Your vector of LineStrs has an elegant feel, but I'm afraid it will force me to learn a lot more C++ than I intended for this small project.  How do I find out more about the characteristics of an std::string, for example? Why do we need to bring in std::?  How is std::getline() different from the iostream getline()?  I couldn't find anything in the VC++ documentation about std::stuff.  Your code compiles under VC++ 6.0, but generates warnings about reverse interators being truncated to 255 characters. What are these about?

Steve
0

LVL 4

Expert Comment

ID: 12396579
std::getline() makes sure that you're using the getline in the std namespace. (when you use: using namespace std;) 'using namespace std' is the namespace which the entire Standard c++ library is declared.. sdt::getline uses strings, iostream::getline doesn't afaik.
0

LVL 30

Expert Comment

ID: 12398916
>>reverse interators being truncated to 255 characters. What are these about?
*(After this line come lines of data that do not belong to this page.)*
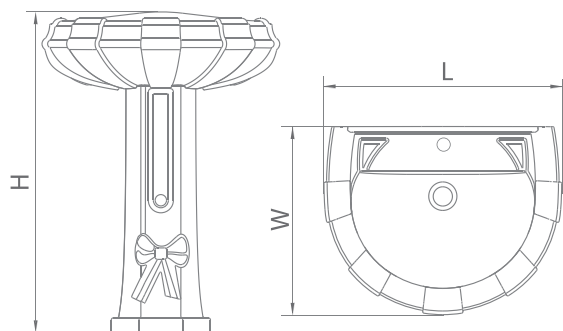

Type	Size(cm)	L	W	H
Inset Wash Basin	65	645	480	190 mm

Chini Cord

Experience Wellness

Pedestal Wash Basin

Daisy

Size (cm)	L	W	H
38	385	305	845 mm
50	510	385	865 mm

Landis

Size (cm)	L	W	H
45	450	358	820 mm
55	560	440	862 mm

Pedestal Wash Basin

Eshal

Size (cm)	L	W	H
65	645	512	885 mm

Monica

Size (cm)	L	W	H
50	505	425	865 mm
60	620	505	890 mm

Azalia

Size (cm):	L	W	H
	620	505	890 mm

Regal

Size (cm):	L	W	H
	570	425	845 mm

Pedestal Wash Basin

Camelia

Size (cm)	L	W	H
45	450	375	850 mm
55	570	445	880 mm

Jasmine

Size (cm)	L	W	H
45	458	400	840 mm
54	555	483	840 mm

Daphne

Size (cm):	L	W	H
56	555	405	830 mm
60	620	480	855 mm

Viola

Size (cm):	L	W	H
60	600	410	860 mm

Pedestal Wash Basin

Arian

Size (cm)	L	W	H
57	570	447	885 mm

Lilium

Size (cm)	L	W	H
60	620	520	865 mm

Half Pedestal Wall Hung Wash Basin

That's a bug in the compiler, which you can ignore.
You can remove the warnings by adding the following line to the top of your code:

#pragma warning(disable: 4786)

>>How do I find out more about the characteristics of an std::string, for example?
If you're using VC++, then just use the compiler's help file.
Double clikc on string in your code, and then press F1
You can also check out the MSDN:
http://msdn.microsoft.com/library/default.asp?url=/library/en-us/vcstdlib/html/vclrfcpluspluslibraryoverview.asp

Both string and vector are listed in above site.  Click on the object you want info on, and then you can click on the [member] link listed at the bottom left corner of the web page.

Both string and vector's are pretty simple containers that can save you a lot of time coding.
0

Author Comment

ID: 12402029
nagraves,

>>std::getline() makes sure that you're using the getline in the std namespace. (when you use: using namespace >>std;) 'using namespace std' is the namespace which the entire Standard c++ library is declared.

So if I put 'using namespace std;' at the top of my program, can I just code 'getline()' without the std::?

Steve
0

LVL 4

Expert Comment

ID: 12406391
in order to use  std::getline()  you must have "using namspace std; " at the top
0

Author Comment

ID: 12406583
Yes, but if I put 'using namespace std;' at the top is it then understood that getline() is the std version so I don't need to write std::getline() everytime?
0

LVL 15

Expert Comment

ID: 12406998
Yes, if you put "using namespace std;" at the top, you don't need to prefix "getline" with "std::"--unless you have something else called "getline" in scope.

If you would prefer to avoid all this standard library stuff, you can just use the declaration I posted above.  The only disadvantages are that you have to read the file twice and you have to make sure the lines are no longer than 249 characters, as Axter pointed out.  If you can live with those disadvantages, you don't have to grapple with the standard library or namespaces.

--efn
0

Author Comment

ID: 12415995
Thanks guys for all your help.   I went with Axter, though you all provided useful information.